> Task details:
Everything in the listing must be repeated exactly, apart from the images.

> Available records:
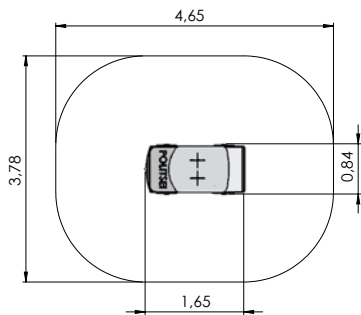

MM113 Playcar POLICE
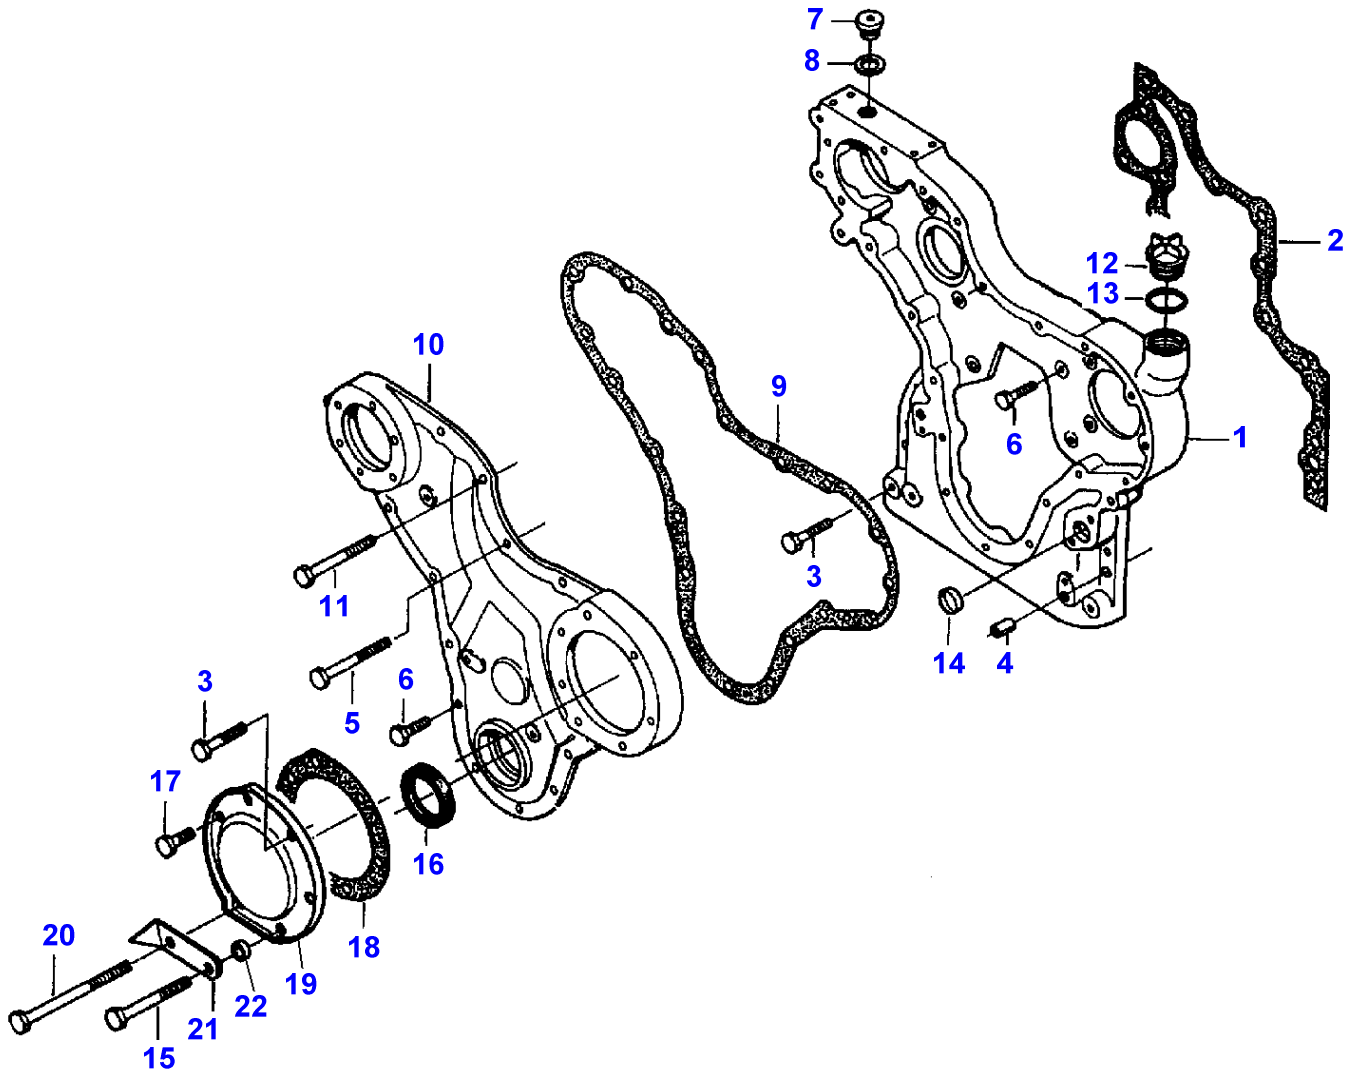

MASSEY FERGUSON

MF 30/31XP/32/34/36/38/40 COMBINE ENGINES, VALMET - 1637219

1637219

CYLINDER BLOCK - ENGINE 612DSIL FROM D 8595

227

Item	Part Number	Qty	Description	Comments
				ENGINE 612DSIL FROM D 8595
1	V640016016	4	Plug	
2	V640025010	1	Plug	
3	V615571014	10	Seal	
4	V640325110	8	Plug	
5	V836120022	3	Connection	
6	V836019756	1	Plug	
7	V500950800	6	Washer	
8	V528801380	6	Screw	
9	V615881822	1	Seal	
10	V836846444	1	Flange	
11	V836322852	1	Gasket	

B-HB03-008-A

> Solution for this task:
MM113 Playcar POLICE

MASSEY FERGUSON

MF 30/31XP/32/34/36/38/40 COMBINE ENGINES, VALMET - 1637219

1637219

CYLINDER BLOCK - ENGINE 612DSIL FROM D 8595

227

Item	Part Number	Qty	Description	Comments
				ENGINE 612DSIL FROM D 8595
1	V640016016	4	Plug	
2	V640025010	1	Plug	
3	V615571014	10	Seal	
4	V640325110	8	Plug	
5	V836120022	3	Connection	
6	V836019756	1	Plug	
7	V500950800	6	Washer	
8	V528801380	6	Screw	
9	V615881822	1	Seal	
10	V836846444	1	Flange	
11	V836322852	1	Gasket	

B-HB03-008-A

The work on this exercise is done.